Department of Electrical Engineering and Computer Sciences

University of California at U.C.Berkeley



Abstract


In this paper, we present the procedure to automatically interface POLIS to Mentor Graphics VRTXoc RTOS and to compare the memory and performance of POLIS OS and Mentor Graphics VRTXoc RTOS. Currently, commercial RTOS such as VRTXoc provides operation system service routines for embedded systems that significantly reduce the design cycle. Commercial RTOSs are quite general and therefore are not efficient for many applications. However, it is still desirable for POLIS to be able to interface commercial RTOSs, since they are often well structured and easy to maintain. They also provide a wider range of service routines that Polis does not support. We developed a set of tools that automatically generate this interface. We also measured the base performance metrics for some of the VRTXoc service routines. In addition, another type of communication mechanism, message queuing, was also explored by using VRTXoc.
1. Introduction
Currently, POLIS provides an automatically generated operating system for the application that it generates. POLIS OS is application specific and usually is more efficient than a commercial RTOS. However, a commercial RTOS is still sometimes preferred in certain situations, as they provide a wider ranger of service routines. It is also well structured and easy to maintain.

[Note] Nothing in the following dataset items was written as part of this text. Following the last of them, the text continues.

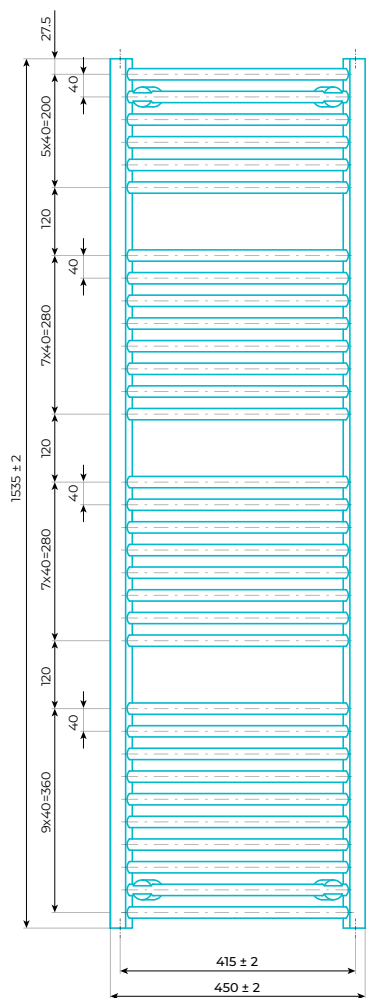

Watt handdukstorkar kan installeras i 2-rörssystem alternativt 1-rörs system med tillbehör. (ej VVC)

 WHQR är tillverkad med 4 x invändig 1/2" gänga placerade i handdukstorkens respektive hörn.

 Material:
Horisontella stålrör Ø 20mm
Vertikala stålprofiler D30x35mm

 Standard:
Handdukstorkens kvalitet vid tillverkning följer gällande EN ISO 9001. Värmeavgivning enligt EN 442.

Mått, vikt och volym

Vikt och volym

Vikt (kg)	11,4
Volym (l)	5,5

Effektkalkylator

Med hjälp av vår effektkalkylator kan du enkelt räkna ut ditt rums behov eller produktens effekt.
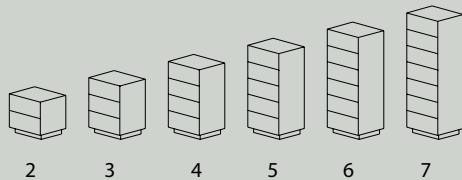

## MAREA

Collezione di 4 contenitori rivestiti in metallo su tutti i lati. Ante e cassetti con apertura push-pull, guide Blum Movento Tip-on a estrazione totale.

Collection of 4 containers clad in metal on all sides. Doors and drawers with push-open system and full extension Movento Tip-on Blum slides.

### DIMENSIONI DIMENSIONS

#### Sideboard

widht	96cm	<b>2 DOORS</b>
	190cm	<b>4 DOORS</b>
	285cm	<b>6 DOORS</b>
depth	45cm	
height	71cm	

#### Dresser

widht	96cm	<b>1 MODULE</b>
	190cm	<b>2 MODULE</b>
	285cm	<b>3 MODULE</b>
depth	45cm	
height	71cm	
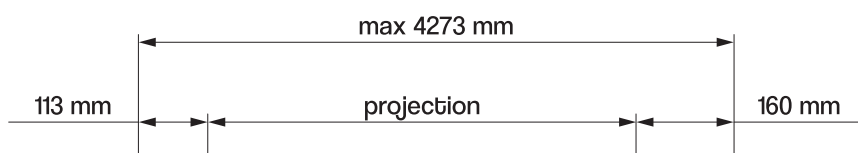

**ceiling bracket**

italia box

**wall bracket**

italia box

internal niche bracket

italia  
italia box

Arm wall bracket

italia  
italia box

colour palette	<b>RAL</b>
electric drive	<b>no</b>
manual drive	<b>yes</b>
maximum height	<b>2.0 m</b>
minimum height	<b>1.1 m</b>
maximum projection	<b>4.0 m</b>
cassette	<b>yes</b>
fabric	<b>140 patterns</b>

It may also be chosento comply with a company’s policy and to access features such as file or network I/O.
Some previous work was done on the CMX RTOS with the belt controller example that was supplied with a Motorola HC11 micro controller target board. In this project, we attempted to interface POLIS generated application to another commercial RTOS, Mentor Graphics VRTXoc RTOS (section 2). We also wanted to measured and compared performance metrics for both POLIS OS and VRTXoc (section 3). Upon success, we also automatically generated this interface which was not done in the previous work with Motorola HC11 (section 4). Finally, we want to use VRTXoc to explore another communication mechanism, message queuing, which is not supported by Polis at current stage, but is desirable in future work(section 5).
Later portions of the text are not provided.